- **Task goal**: Going line by line through the entries below, count those that contain "afstand". Give the number by itself.

- **Data for this task**:
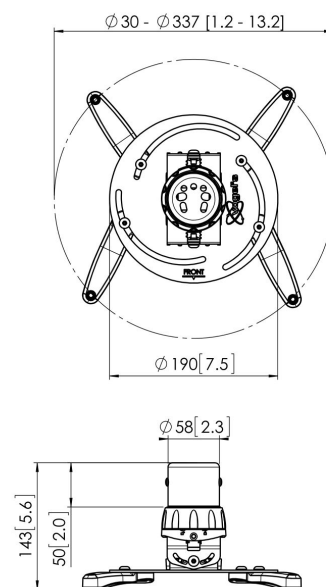

## PPC 1500W Projector plafondbeugel (wit)

De projectorsteun PPC 1500 is speciaal ontwikkeld voor de nieuwste generatie projectoren met een gewicht van maximaal 20 kg. De projector-interface is voorzien van een fundie voor nauwkeurige uitlijning met het projectieoppervlak. De projector blijft na uitlijning in exact dezelfde positie. Met de unieke frictiering kan alle speling uit de interface verbindingen worden gehaald, waardoor deze steun een stevige en uiterst stabiele oplossing is.

## PPC 1500W Projector plafondbeugel (wit)

## Specificaties

Artikelnummer (SKU)	7015001
Kleur	Wit
EAN enkele doos	8712285325144
TÜV-gecertificeerd	Ja
Kantelen	Kantelsysteem tot 15°
Draaien	Tot 360°
Garantie	5 jaar
Max. laadgewicht (kg/Lbs)	20 / 44.09
Fischer inbegrepen	Ja
Max. afstand tot plafond (mm)	124
Min. afstand tot plafond (mm)	124
Reikwijdte (diameter)	30 - 337 mm
Kogelgewricht	15

- **The answer**: 2